# What you are asked to do
Exact repetition, pictures omitted: give every record below again.

:: Data records ::

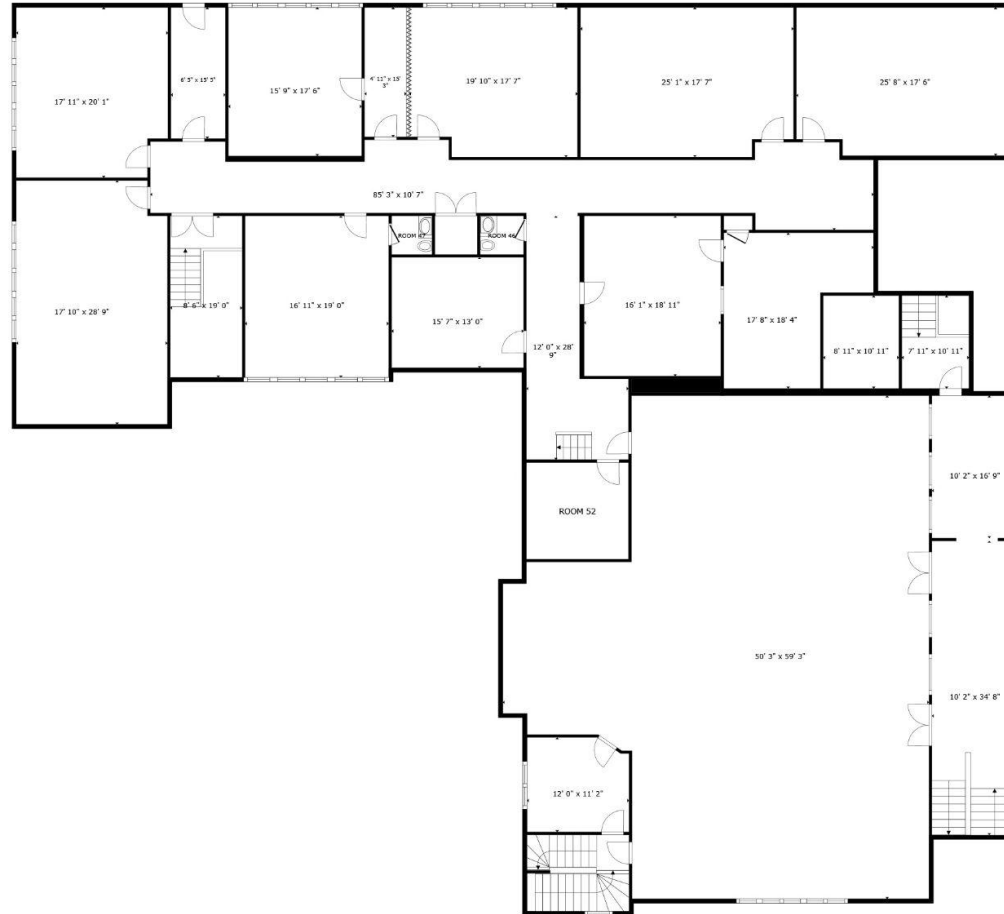

BELOIT

AUCTION & REALTY

BeloitAuction.com
David Allen - (608) 333-4586

1203 3rd Avenue
Rockford, IL 61104

GROSS INTERNAL AREA
MAIN LEVEL: 8,403 sq ft, UPPER LEVEL: 3,430 sq ft
LOWER LEVEL: 8,829 sq ft
TOTAL: 20,662 sq ft
SIZES AND DIMENSIONS ARE APPROXIMATE, ACTUAL MAY VARY.

www.clearskyimagery.com

BELOIT

AUCTION & REALTY

BeloitAuction.com
David Allen - (608) 333-4586

1203 3rd Avenue
Rockford, IL 61104

GROSS INTERNAL AREA
MAIN LEVEL: 8,403 sq ft, UPPER LEVEL: 3,430 sq ft
LOWER LEVEL: 8,829 sq ft
TOTAL: 20,662 sq ft
SIZES AND DIMENSIONS ARE APPROXIMATE, ACTUAL MAY VARY.

www.clearskyimagery.com

BeloitAuction.com
David Allen - (608) 333-4586

1203 3rd Avenue
Rockford, IL 61104

GROSS INTERNAL AREA
MAIN LEVEL: 8,403 sq ft, UPPER LEVEL: 3,430 sq ft
LOWER LEVEL: 8,829 sq ft
TOTAL: 20,662 sq ft
SIZES AND DIMENSIONS ARE APPROXIMATE, ACTUAL MAY VARY.
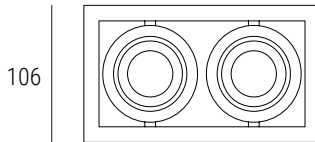

| Variant | Finish | Cut-out | Tilt | Rotate |
|------------------|---------------------------|------------|---------|--------|
| 1. Bowdon Single | White G350W | 98 x 98mm | 2 x 25° | - |
| | Black G350B | | | |
| | White/Black G350WB | | | |
| 2. Bowdon Double | White G351W | 98 x 180mm | 2 x 25° | - |
| | Black G351B | | | |
| | White/Black G351WB | | | |
| 3. Bowdon Triple | White G352W | 98 x 262mm | 2 x 25° | - |
| | Black G352B | | | |
| | White/Black G352WB | | | |

White finish

4.

5.

6.

106

106 (H: 123)

106

187 (H: 123)

106

270 (H: 123)

| Variant | Finish | Cut-out | Tilt | Rotate |
|------------------------|---------------------------|------------|---------|--------|
| 4. Bowdon Snoot Single | White G353W | 98 x 98mm | 2 x 25° | - |
| | Black G353B | | | |
| | White/Black G353WB | | | |
| 5. Bowdon Snoot Double | White G354W | 98 x 180mm | 2 x 25° | - |
| | Black G354B | | | |
| | White/Black G354WB | | | |
| 6. Bowdon Snoot Triple | White G355W | 98 x 262mm | 2 x 25° | - |
| | Black G355B | | | |
| | White/Black G355WB | | | |

White finish

7.

8.

90 (H: 105)

162 (H: 105)

| Variant | *Add +25mm height for 12w | Finish | Cut-out | Tilt | Rotate |
|-----------------------|---------------------------|--------|------------|------|--------|
| 7. Bowdon IP54 Single | | White | 99 x 99mm | - | - |
| | | Black | | | |
| 8. Bowdon IP54 Double | | White | 99 x 175mm | - | - |
| | | Black | | | |
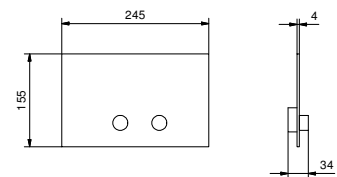

Flush actuator plate TECE

- base material: stainless steel
- projecting push-button controls
- with round controls
- minimum depth: see installation instructions
- without visible fixing system

N.B. complete finishing list in the section miscellaneous articles at the end of the pricelist
N.B. compatible ONLY WITH Tecebox Octa II

Matt Gun Metal PVD 91 P5 W216
Deep Black PVD 91 S1 W216

W291

Hydrobrush

- for WC cleaning
- water plug with showerholder
- stop valve
- round backplate
- 120 cm brass flexible hose

N.B. complete finishing list in the section miscellaneous articles at the end of the pricelist
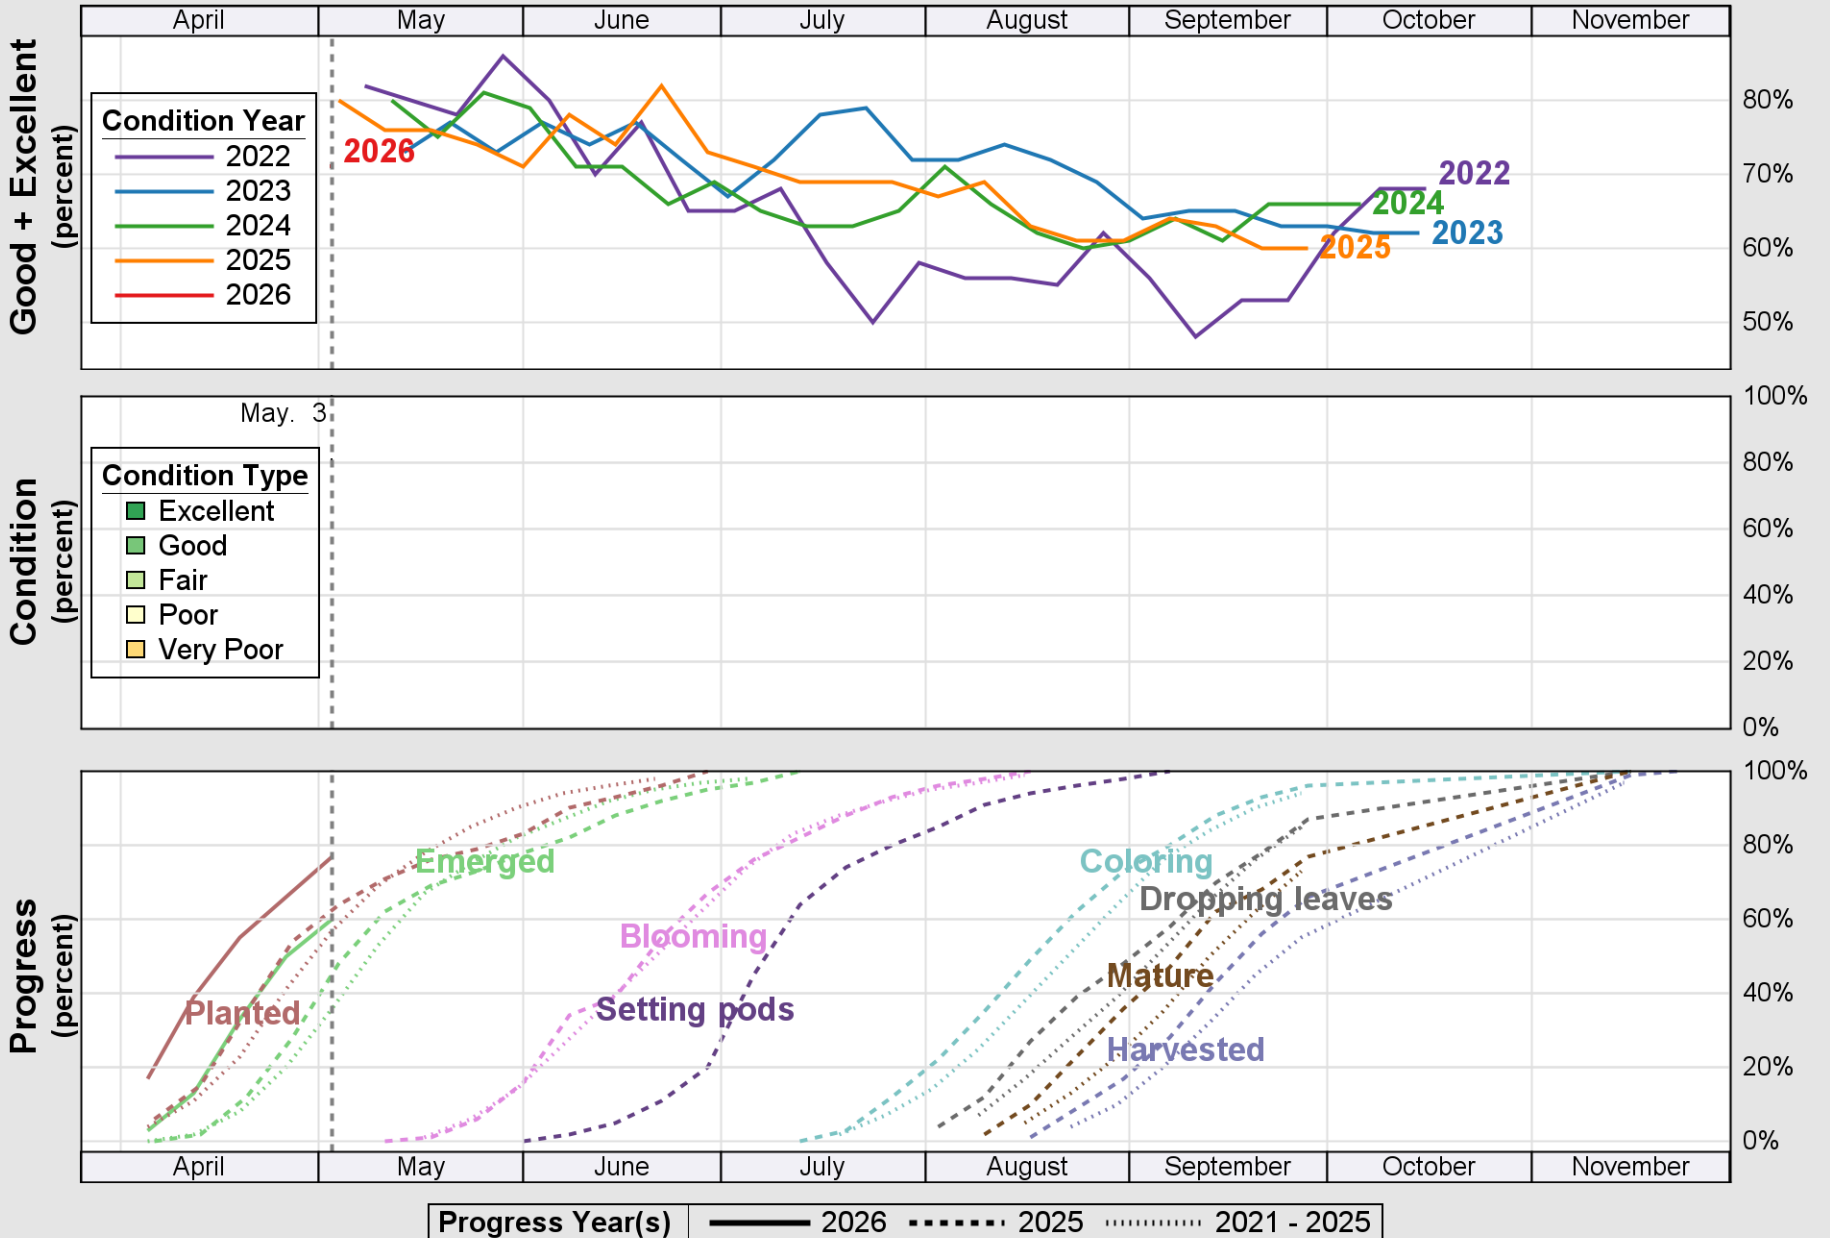

USDA

Crop Progress and Condition: Peanuts in Mississippi, 2026

NASS

Source: National Agricultural Statistics Service (NASS), Crop Progress Report

USDA

Crop Progress and Condition: Rice in Mississippi , 2026

NASS

Source: National Agricultural Statistics Service (NASS), Crop Progress Report

USDA

Crop Progress and Condition: Soybeans in Mississippi , 2026

NASS

Source: National Agricultural Statistics Service (NASS), Crop Progress Report

USDA

Crop Progress and Condition: Winter Wheat in Mississippi, 2026

NASS

Source: National Agricultural Statistics Service (NASS), Crop Progress Report
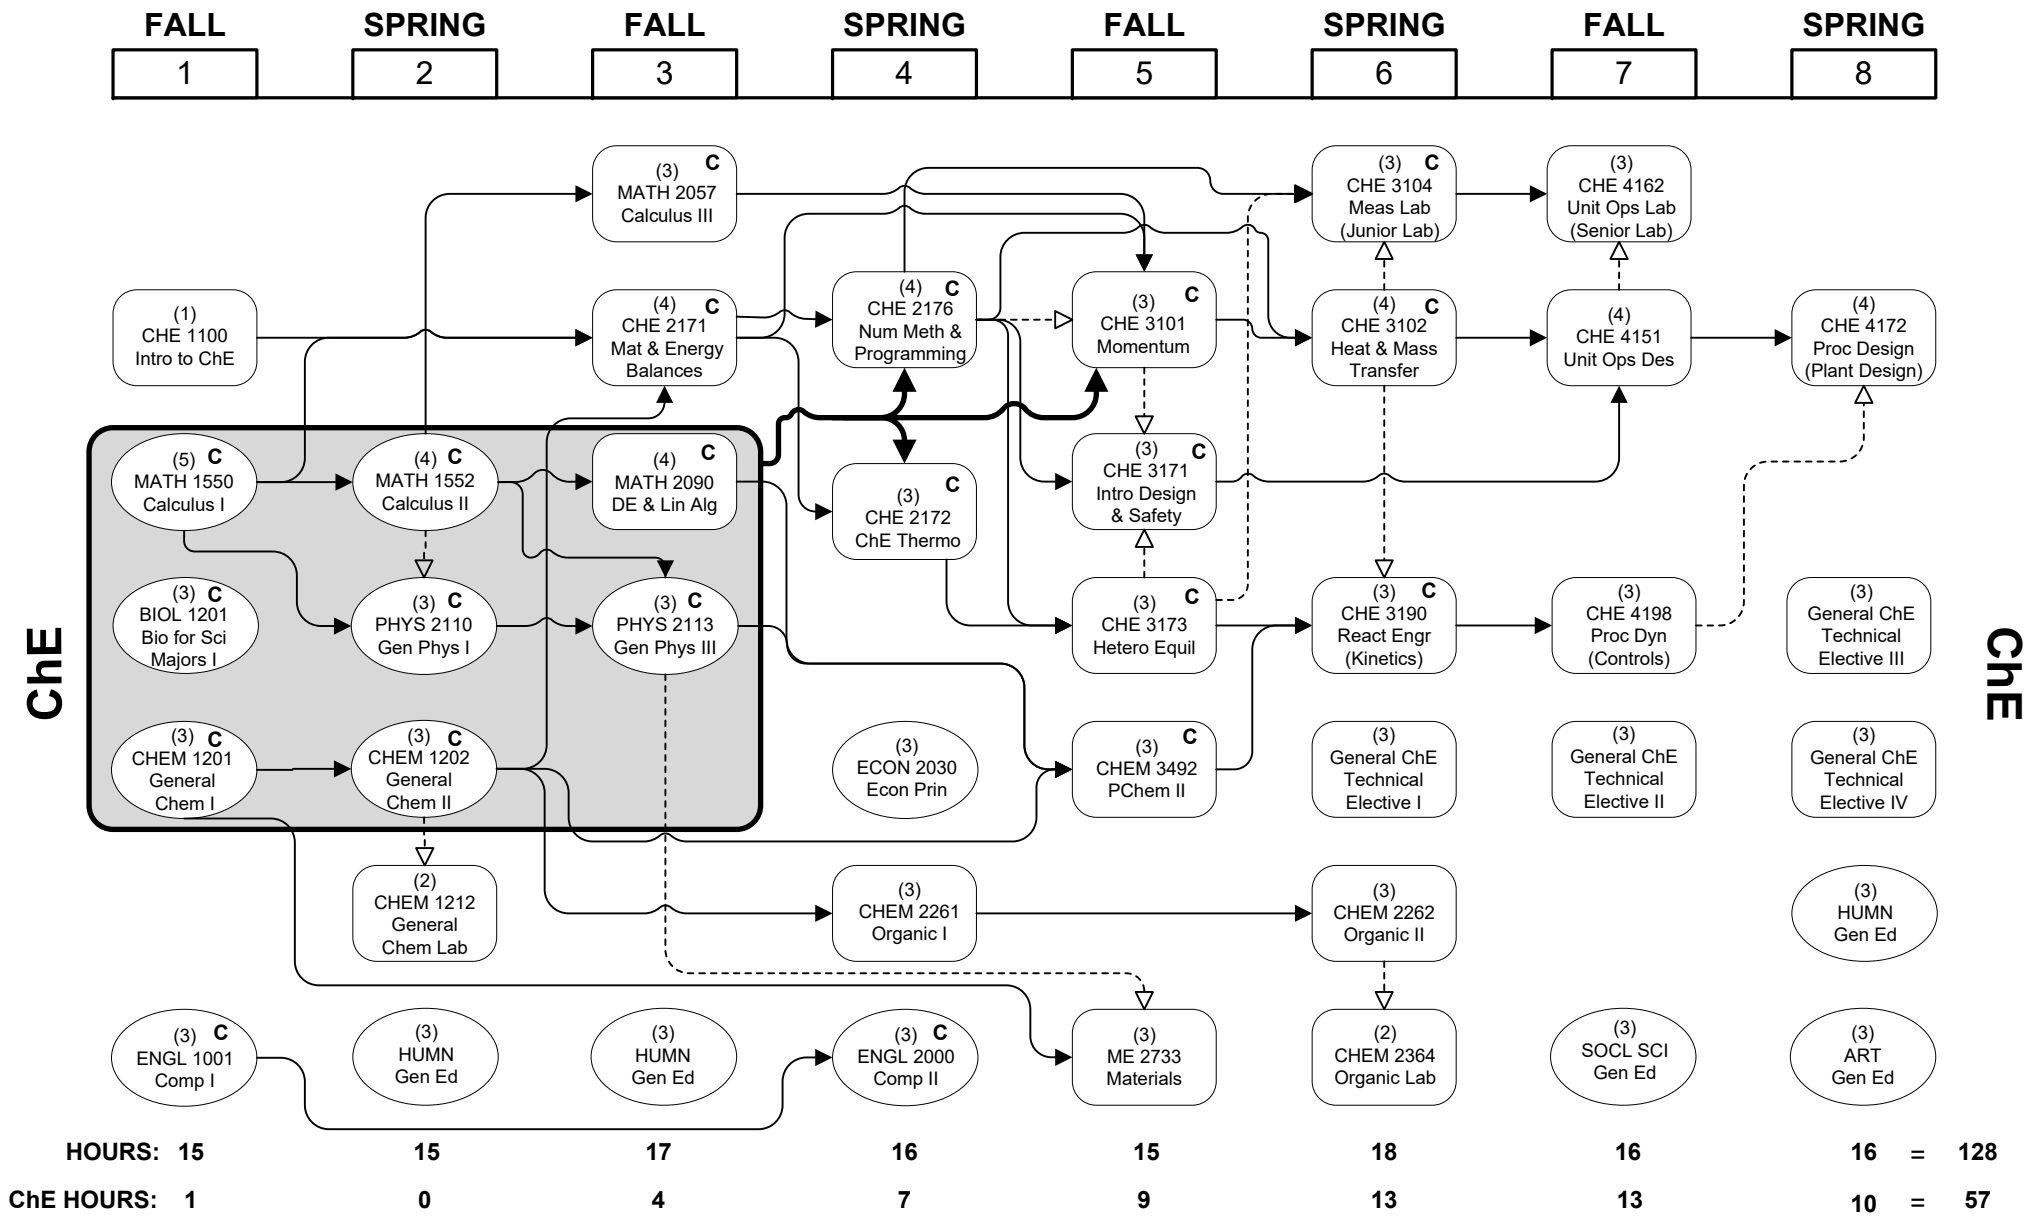

TOTAL HOURS = 128

ChE Flowchart

ChE

ChE

Credit required
 Credit or registration required
 General Education - See 2025-2026 General Catalog
<http://www.lsu.edu/eng/che/>

FLOWCHART LEGEND

C Students must earn a "C" or better in these courses to earn a passing grade and before registering for any subsequent course that requires one or more as a prerequisite

3307 Patrick Taylor Hall – Chemical Engineering Office

A grade of "C" or better is required in BIOL 1201, CHEM 1201, CHEM 1202, MATH 1550, MATH 1552, MATH 2090, PHYS 2110, and PHYS 2113 prior to enrolling in CHE 2172, CHE 2176, or CHE 3101.

:::

# Response for this exercise
BELOIT

AUCTION & REALTY

BeloitAuction.com
David Allen - (608) 333-4586

1203 3rd Avenue
Rockford, IL 61104

GROSS INTERNAL AREA
MAIN LEVEL: 8,403 sq ft, UPPER LEVEL: 3,430 sq ft
LOWER LEVEL: 8,829 sq ft
TOTAL: 20,662 sq ft
SIZES AND DIMENSIONS ARE APPROXIMATE, ACTUAL MAY VARY.

www.clearskyimagery.com

BELOIT

AUCTION & REALTY

BeloitAuction.com
David Allen - (608) 333-4586

1203 3rd Avenue
Rockford, IL 61104

GROSS INTERNAL AREA
MAIN LEVEL: 8,403 sq ft, UPPER LEVEL: 3,430 sq ft
LOWER LEVEL: 8,829 sq ft
TOTAL: 20,662 sq ft
SIZES AND DIMENSIONS ARE APPROXIMATE, ACTUAL MAY VARY.

www.clearskyimagery.com

BeloitAuction.com
David Allen - (608) 333-4586

1203 3rd Avenue
Rockford, IL 61104

GROSS INTERNAL AREA
MAIN LEVEL: 8,403 sq ft, UPPER LEVEL: 3,430 sq ft
LOWER LEVEL: 8,829 sq ft
TOTAL: 20,662 sq ft
SIZES AND DIMENSIONS ARE APPROXIMATE, ACTUAL MAY VARY.

| Variant | Finish | Cut-out | Tilt | Rotate |
|------------------|---------------------------|------------|---------|--------|
| 1. Bowdon Single | White G350W | 98 x 98mm | 2 x 25° | - |
| | Black G350B | | | |
| | White/Black G350WB | | | |
| 2. Bowdon Double | White G351W | 98 x 180mm | 2 x 25° | - |
| | Black G351B | | | |
| | White/Black G351WB | | | |
| 3. Bowdon Triple | White G352W | 98 x 262mm | 2 x 25° | - |
| | Black G352B | | | |
| | White/Black G352WB | | | |

White finish

4.

5.

6.

106

106 (H: 123)

106

187 (H: 123)

106

270 (H: 123)

| Variant | Finish | Cut-out | Tilt | Rotate |
|------------------------|---------------------------|------------|---------|--------|
| 4. Bowdon Snoot Single | White G353W | 98 x 98mm | 2 x 25° | - |
| | Black G353B | | | |
| | White/Black G353WB | | | |
| 5. Bowdon Snoot Double | White G354W | 98 x 180mm | 2 x 25° | - |
| | Black G354B | | | |
| | White/Black G354WB | | | |
| 6. Bowdon Snoot Triple | White G355W | 98 x 262mm | 2 x 25° | - |
| | Black G355B | | | |
| | White/Black G355WB | | | |

White finish

7.

8.

90 (H: 105)

162 (H: 105)

| Variant | *Add +25mm height for 12w | Finish | Cut-out | Tilt | Rotate |
|-----------------------|---------------------------|--------|------------|------|--------|
| 7. Bowdon IP54 Single | | White | 99 x 99mm | - | - |
| | | Black | | | |
| 8. Bowdon IP54 Double | | White | 99 x 175mm | - | - |
| | | Black | | | |

Flush actuator plate TECE

- base material: stainless steel
- projecting push-button controls
- with round controls
- minimum depth: see installation instructions
- without visible fixing system

N.B. complete finishing list in the section miscellaneous articles at the end of the pricelist
N.B. compatible ONLY WITH Tecebox Octa II

Matt Gun Metal PVD 91 P5 W216
Deep Black PVD 91 S1 W216

W291

Hydrobrush

- for WC cleaning
- water plug with showerholder
- stop valve
- round backplate
- 120 cm brass flexible hose

N.B. complete finishing list in the section miscellaneous articles at the end of the pricelist

USDA

Crop Progress and Condition: Peanuts in Mississippi, 2026

NASS

Source: National Agricultural Statistics Service (NASS), Crop Progress Report

USDA

Crop Progress and Condition: Rice in Mississippi , 2026

NASS

Source: National Agricultural Statistics Service (NASS), Crop Progress Report

USDA

Crop Progress and Condition: Soybeans in Mississippi , 2026

NASS

Source: National Agricultural Statistics Service (NASS), Crop Progress Report

USDA

Crop Progress and Condition: Winter Wheat in Mississippi, 2026

NASS

Source: National Agricultural Statistics Service (NASS), Crop Progress Report

TOTAL HOURS = 128

ChE Flowchart

ChE

ChE

Credit required
 Credit or registration required
 General Education - See 2025-2026 General Catalog
<http://www.lsu.edu/eng/che/>

FLOWCHART LEGEND

C Students must earn a "C" or better in these courses to earn a passing grade and before registering for any subsequent course that requires one or more as a prerequisite

3307 Patrick Taylor Hall – Chemical Engineering Office

A grade of "C" or better is required in BIOL 1201, CHEM 1201, CHEM 1202, MATH 1550, MATH 1552, MATH 2090, PHYS 2110, and PHYS 2113 prior to enrolling in CHE 2172, CHE 2176, or CHE 3101.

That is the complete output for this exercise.